Watson begins with a description of Francis Crick, who he first met in autumn of 1951, when he came to the Cavendish Laboratory in Cambridge to work on the structures of proteins.
He starts, “I have never seen Francis Crick in a modest mood” (7), and notes this immodesty long pre-dates his recent fame. Crick, who was 35 at time, was “almost totally unknown”, and despite his quick mind, had a reputation for talking too much (7).
Watson briefly describes the other key figures at the Cavendish. He mentions Max Perutz, the unit leader, who was working with X-ray diffraction techniques on haemoglobin crystals. He also mentions Lawrence Bragg, the director of the Cavendish. Bragg was then a well-established scientist and Nobel Prize winner. A pioneer of crystallography and X-ray diffraction methods, in the early post-war years Bragg was interested in using X-ray diffraction to determine the structure of complex proteins.
Bragg is characterised as the theorist, with Perutz as the experimentalist, and between them Watson locates Crick, who dabbles in both, but whose natural bent was for throwing out speculative theories to anyone who would listen. He is described as lively and impetuous in his theorising, talking “louder and faster than anyone else” (8). His manic presence was enjoyed by most, excluding Bragg, who could barely stand him.
Crick was expansive in his theorising, and would go to other labs enthusiastically offering bold new interpretations of the data of another scientist. This led to an “unspoken fear” in some quarters that he might one day hit the mark (9).
Crick wasn’t a fellow of any Cambridge college, something which Watson puts down in part to his eccentric and challenging nature.
This chapter provides important scientific background and introduces us to Maurice Wilkins and Rosalind Franklin.

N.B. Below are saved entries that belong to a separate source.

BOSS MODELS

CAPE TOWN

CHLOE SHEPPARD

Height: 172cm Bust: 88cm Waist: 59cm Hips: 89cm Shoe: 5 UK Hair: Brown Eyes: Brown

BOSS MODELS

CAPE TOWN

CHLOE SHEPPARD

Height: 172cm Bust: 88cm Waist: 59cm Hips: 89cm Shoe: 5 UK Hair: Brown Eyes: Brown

Watson explains that in 1951 Crick was still working on proteins, not DNA. Despite his increasing interest in DNA, there were reasons why his focus hadn’t yet shifted. At the time, scientists were starting to appreciate the crucial significance of genes as the key to understanding cell reproduction, hereditary characteristics, and life itself. Experiments had shown that hereditary traits could be transmitted in bacteria cells by DNA, but scientists were still divided as to whether the key component in genes was a special type of protein molecule or DNA itself. Having started work in the field of proteins, Crick was not in a position to switch his attention just yet, despite having a good hunch about DNA.

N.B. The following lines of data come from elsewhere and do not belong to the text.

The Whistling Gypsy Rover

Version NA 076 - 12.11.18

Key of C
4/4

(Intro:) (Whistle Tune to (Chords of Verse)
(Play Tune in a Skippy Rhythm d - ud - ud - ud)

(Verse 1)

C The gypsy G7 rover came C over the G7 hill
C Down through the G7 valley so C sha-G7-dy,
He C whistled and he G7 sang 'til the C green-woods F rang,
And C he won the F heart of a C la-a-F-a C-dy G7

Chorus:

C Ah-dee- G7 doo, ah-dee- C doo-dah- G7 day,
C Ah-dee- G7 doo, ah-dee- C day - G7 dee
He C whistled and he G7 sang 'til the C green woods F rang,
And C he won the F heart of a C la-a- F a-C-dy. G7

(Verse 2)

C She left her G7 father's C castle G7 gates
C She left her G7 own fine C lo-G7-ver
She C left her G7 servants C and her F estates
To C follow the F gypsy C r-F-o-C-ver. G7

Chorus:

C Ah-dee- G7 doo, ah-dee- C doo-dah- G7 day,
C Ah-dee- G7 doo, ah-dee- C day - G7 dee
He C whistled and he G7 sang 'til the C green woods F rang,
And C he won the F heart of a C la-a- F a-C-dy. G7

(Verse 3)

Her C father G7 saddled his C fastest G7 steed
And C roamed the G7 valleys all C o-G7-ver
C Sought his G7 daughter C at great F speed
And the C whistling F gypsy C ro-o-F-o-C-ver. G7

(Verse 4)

There were other major practical constraints. The focus of the Cavendish lab was on proteins. Moreover, Maurice Wilkins, who was based in King’s College, London, was recognised as the authority on DNA in England. DNA was seen as his domain, “and it would look very bad if Francis jumped in on a problem that Maurice had been working on for years”(12).Watson notes that this vague sense of fair play informed the way scientists interacted in England, in a way that it did not in the US.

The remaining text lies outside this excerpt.